Saluda a la Yambretta: un scooter con base Lambretta y motor de Yamaha RD350 que se pone a 200 km/h

La Lambretta es uno de los scooter italianos más épicos de todos los tiempos. Marcaron un antes… Y un después también. Tanto que a día de hoy son considerados una auténtica joya de coleccionistas, y quienes atesoran uno no se quedan con los brazos quietos, pues son auténticos moldes para esculpir.

Por ejemplo, uno de los últimos inventos Frankestein con la Lambretta es la Amphi-Scooter… O hay quienes hace poco le metieron una bomba atómica como motor capaz de superar a la mismísima Aprilia RS 250. La de hoy tampoco se queda corta, y te damos un dato para confirmar: casi se pone a 200 km/h.

El motor dos tiempos de la RD350 da 60 CV

En su día fue una moto barata y fácil de fabricar.
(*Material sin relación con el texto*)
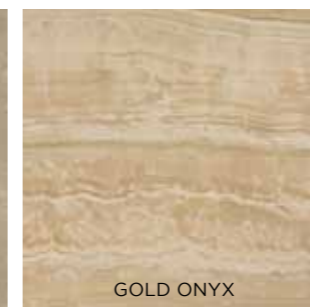

V2 V3

OBKLADY BARVY

	ROZMĚRY	TLOUŠTKA mm	CENA s DPH m ²	CENA s DPH m ²
☞	50 × 110	8,5	od 1 964 Kč	79 €

V2 V3

atlas concorde

MARVEL
EDGE

DLAŽBA BARVY

ROYAL CALACATTA

IMPERIAL WHITE

GRIS SUPREME

ELEGANT SABLE

GOLD ONYX

AGATA AZUL

RED LUXURY

	ROZMĚRY	TLOUŠTKA mm	CENA s DPH m ²	CENA s DPH m ²
☞	120 × 278	6	na dotaz	na dotaz
☞	120 × 240	9	na dotaz	na dotaz
☞	120 × 120	9	2 678 Kč	107 €
	75 × 150	9,5	2 607 Kč	104 €
	75 × 75	9,5	2 309 Kč	92 €
	45 × 90	9	2 123 Kč	85 €
	60 × 60	9	2 031 Kč	81 €
	30 × 60	9	1 892 Kč	72 €
☾	60 × 60	9	1 362 Kč	54 €
	30 × 60	9	1 200 Kč	48 €
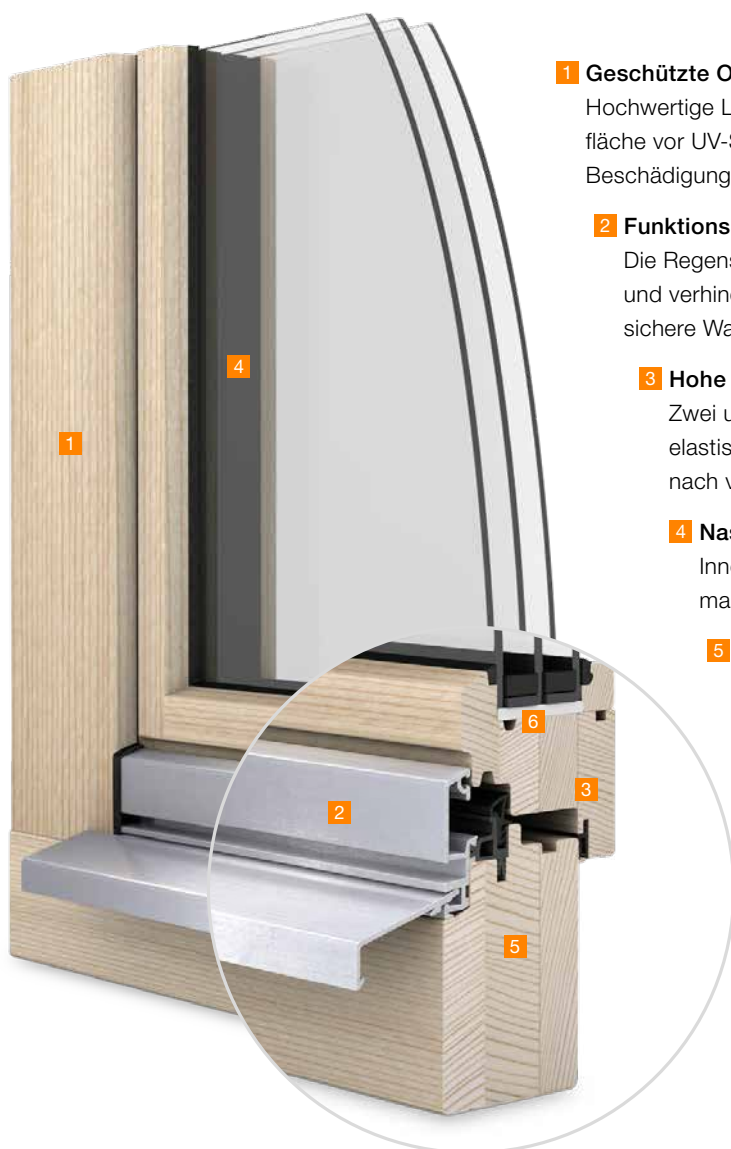

Innenansicht

Flügel und Rahmen flächenversetzt

Aussenansicht

halbflächenversetzt

Hinweis: Passen Sie Ihr Ego®Woodstar Fenster an Ihre individuellen Bedürfnisse an. EgoKiefer bietet Ihnen dazu zahlreiche Möglichkeiten. Details ab S. 44.

No tenía mucho misterio. Con el tiempo se han revalorizado y convertido en lo que hoy vemos. Y es que en la mayoría de modelos modificados, de su propulsor original no queda nada… La joya de hoy además de tener una emotiva historia detrás, monta el corazón de una Yamaha RD350. De hecho, hace no mucho vimos una aquí en Motorpasión.

La RD350 es otra de las joyas old-school. Una moto cuya edición definitiva llegó en 1983 con un motor que daba 60 CV, encendido electrónico, sistema de válvulas electrónicas… Parte de su conjunto derivava de la 500 cc del mundial de motociclismo. Ahora imagínate a una Lambretta bombeando gasolina cosa mala, con ese olor a dos tiempos y a casi 200 km/h. ¡La han llamado la Yambretta! Mira cómo rezumba:

Es la idea que tuvo Jed Thompson para honrar a su hermano, que falleció hace tres años. Le dejó algo de dinero en la herencia… Y Jed solo quería recordar a su hermano para siempre, que también era amante de las motos y las Lambretta. Así que construyó algo “en su memoria que lo mantuviera vivo de alguna manera”.

Así que compró una Lambretta Jet 200 de la que solo quedaban los restos… El chasis y la carrocería. Suficiente, no necesitaba más, porque Garry Hancock “The Wizard” (el mago) se la personalizó hasta los topes, literalmente. Los escapes son también artesanos... Y canalizan muy bien el ronroneo del dos tiempos.

De hecho, para esta moto Frankestein la moto utiliza el chasis original en la parte delantera y el bastidor de la Yamaha RD350 en la trasera. El asiento tampoco es original, sino el de una GP125 que el protagonista tenía por el garaje.

También le adaptaron unas tomas de aire bajo la carrocería que incluso parecen de serie. La subieron al banco de potencia y daba 60 CV, y la llegaron a poner a 130 millas, lo que son unos 209 km/h.